Dataset entries
.....

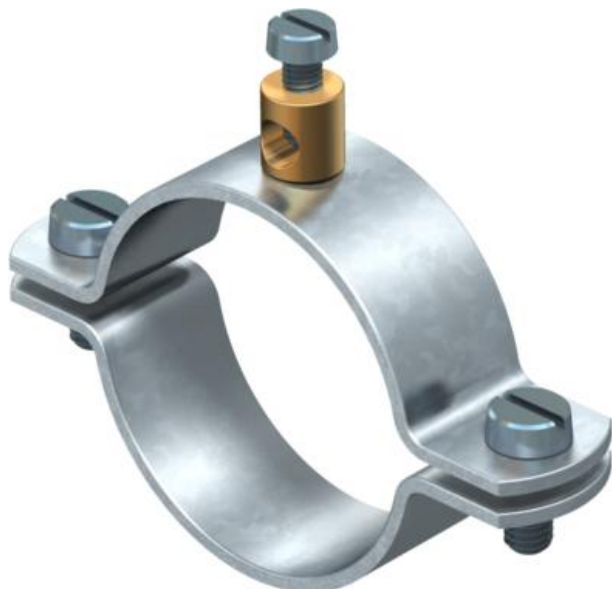

List technických údajů

Uzemňovací příchytka typu 925

Objednací číslo: 5040035

- Pro trubky 1/4–1 1/2 palce, resp. \varnothing 11,5–48,3 mm
- Možnost připojení vedení do 16 mm² s nánýtovanou připojovací svorkou z mosazi a jedním šroubem s válcovou hlavou M5 x 12
- Do velikosti 1 1/2 palce se dvěma šrouby s válcovou hlavou M6 x 16 (G)

- St** Ocel
- G** galvanicky zinkováno

Kmenová data

Objednací číslo	5040035
Typ	925 1/4
Označení 1	Uzemňovací příchytka
Označení 2	pro vodič do 16 mm ²
Výrobce	OBO
Rozměr	1/4"
Materiál	Ocel
Povrch	Galvanicky pozinkováno
Norma pro povrch	EN ISO 19598 / EN ISO 4042
Nejmenší prodejní množství	25
Množstevní jednotka	Množství
Hmotnost	4,1 kg
Jednotka hmotnosti	kg/100 párů

List technických údajů

Uzemňovací příchytka typu 925

Objednací číslo: 5040035

Rozměry

Rozměr A	48 mm
Rozměr b	18 mm
Rozměr D	13,5 mm
Rozměr X	2 mm

Technické údaje

Počet vodičů	1
Pro průměr trubky max.	13,5 mm
Pro průměr trubky min.	11,5 mm
Průřez připojovaného kabelu, max.	16 mm ²
Průřez připojovaného kabelu, min.	0 mm ²
Upínací rozsah D	1/4
Upínací rozsah D, max.	13,5 mm
Upínací rozsah D, min.	11,5 mm
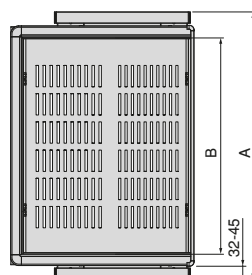

Aluminium, Stal, Plastik/Aluminium, Steel, Plastic

Cichy domyk i pełen wysuw  
Soft closing and full extension.

Regulacja do 26 mm na każdej ramie dzięki wspornikom na prowadnicach.  
Adjustment of up to 26 mm per frame, thanks to the brackets on the guides
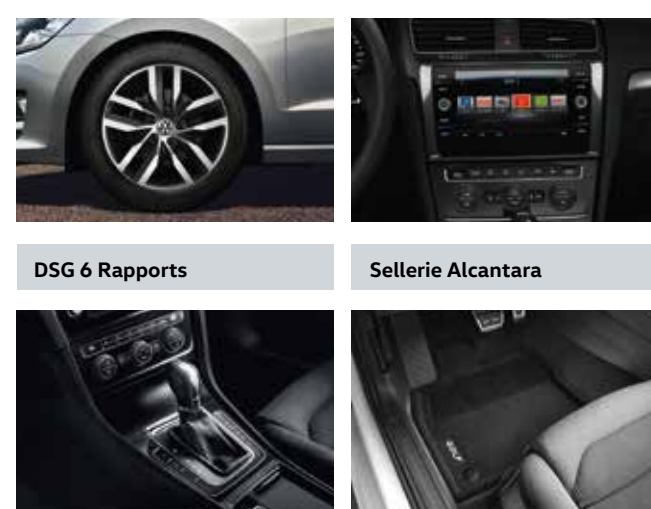

DSG 6 Rapports / Sellerie Alcantara

Ich bin Algerier.

www.volkswagen.dz

Tél. : 05 60 62 10 18

Volkswagen recommande
Garantie 3 ans, kilométrage limité à 100 000 Km

SOVAC
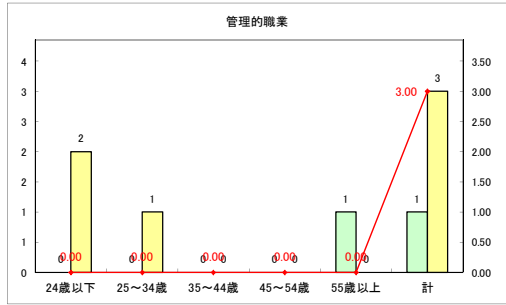

求人・求職バランスシート（常用+常用パート）（ハローワーク黒石）

平成30年9月
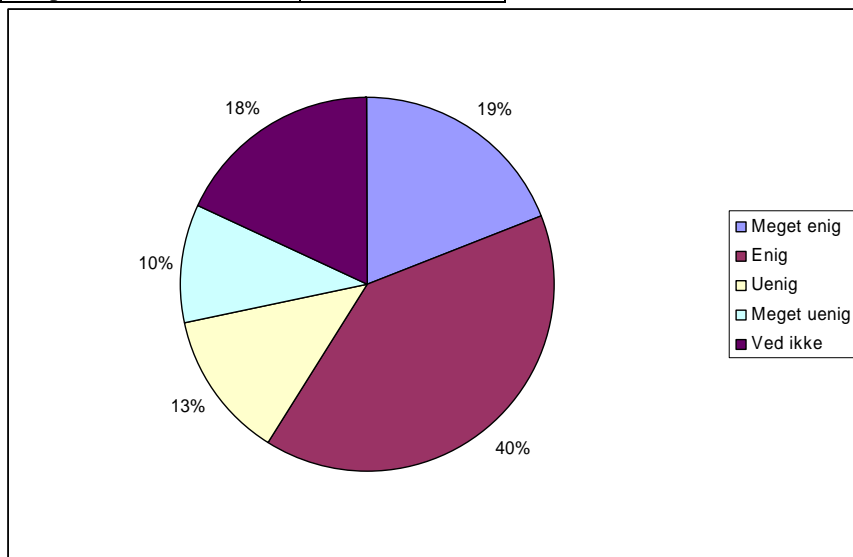

Spørgsmål 43:
Turen til Sverige / Nordjylland var god.

ABSOLUTTE TAL OG LODRET PROCENT	Sp. 43
Meget enig	15 19 %
Enig	31 40 %
Uenig	10 13 %
Meget uenig	8 10 %
Ved ikke	14 18 %
Respondenter	78 100 %
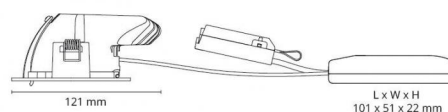

Contrôle/Dimming

Type: Coupure de phase descendante

Protection

Classe Isolation:	Classe II
IP:	IP44
Ta nominal:	Ta=25°C

Énergie et approbations

Classe énergétique:	A+
Approbation:	CE

Matériaux et finition

Embase:	Aluminium
Couleur:	Acier brossé
Optique:	Verre

Montage/Connexion

Montage:	Encastré, Indoor / Outdoor
Embrayage:	Bornier sans vis
Max. luminaires per circuit breaker:	B10: 77, B16: 123, C10: 77, C16: 123

Dimensions (mm)

Longueur (L):	121
Largeur (W):	94
Hauteur (H):	55
Cut-out:	83
Ceiling void depth:	53
Distance d'une surface inflammable:	50mm
Poids (brutto/netto):	0.38 / 0.38
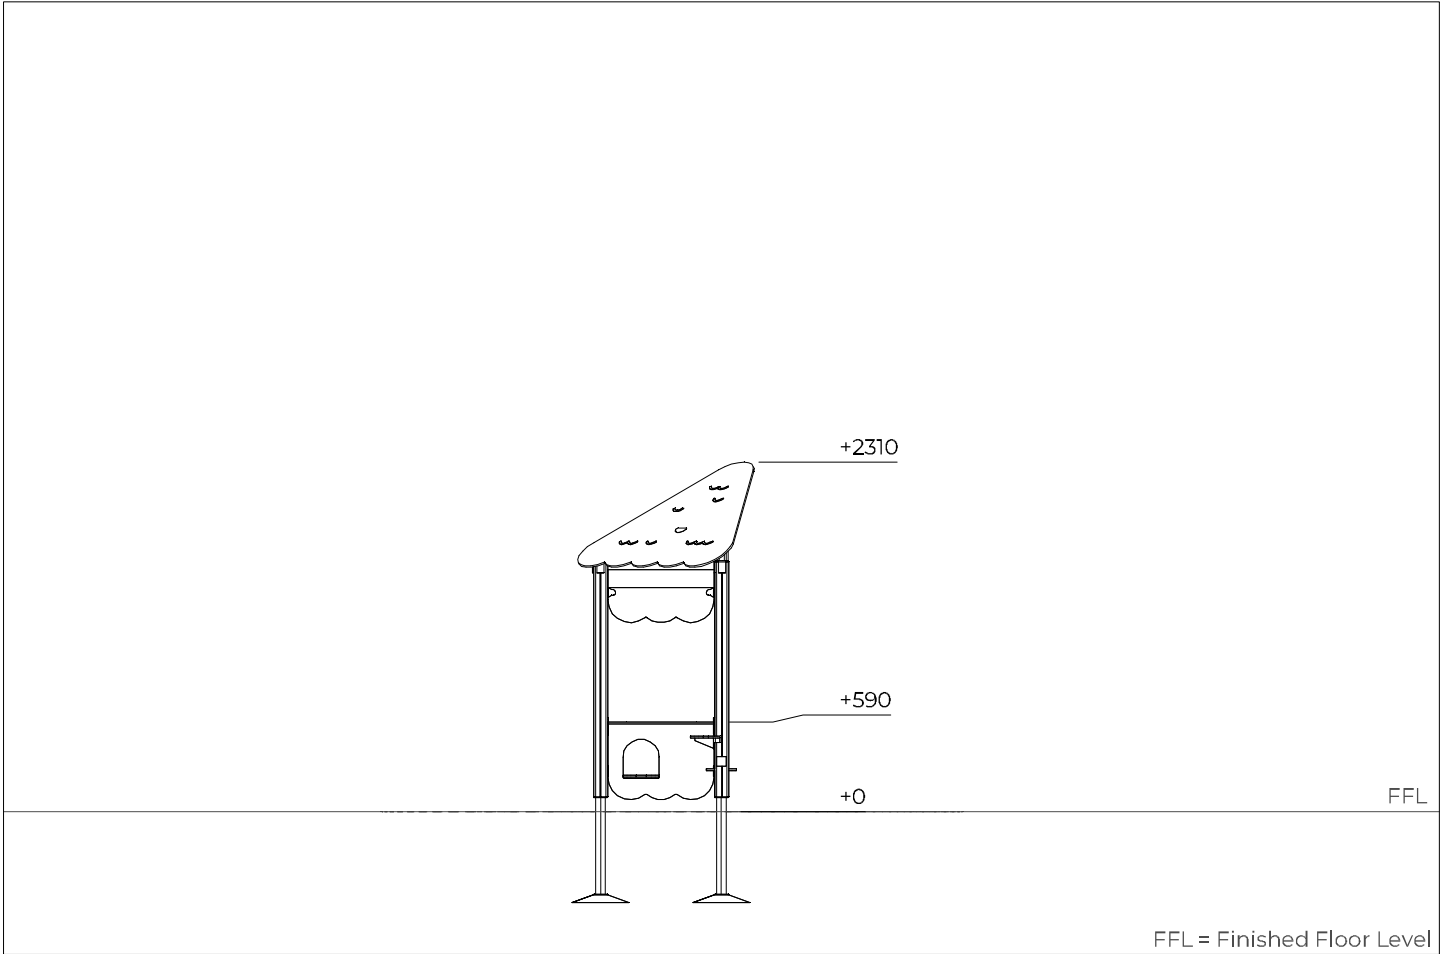

PRIME

ASENNUSOHJE
MONTERINGSANSVISNING
INSTALLATION INSTRUCTION
AUFBAUANLEITUNG
NOTICE D'INSTALLATION

DATE: 28.1.2026

F24700M

712007	PCS 1	712031-001	PCS 2	712035-001	PCS 1	712434	PCS 1	712458	PCS 1	712488	PCS 1
											
		L 1550		L 1950							
712676	PCS 1	712683	PCS 1	712747-001	PCS 2	712797	PCS 1	712889	PCS 3	712910	PCS 1
											
				L 704 				L 700 			
713337	PCS 1	713345	PCS 1		PCS		PCS		PCS		PCS
											
12x1199x1336											
	PCS		PCS		PCS		PCS		PCS		PCS
	PCS		PCS		PCS		PCS		PCS		PCS
	PCS		PCS		PCS		PCS		PCS		PCS
	PCS		PCS		PCS		PCS		PCS		PCS

— Falling Space 12 m²
- - - Max Falling Height 590 mm

A

1:50

B

C

D

Max Falling Height

.....

### What is expected
Return a copy of every line in the records that includes the string "Průřez".

### Exercise solution
Průřez připojovaného kabelu, max.	16 mm ²
Průřez připojovaného kabelu, min.	0 mm ²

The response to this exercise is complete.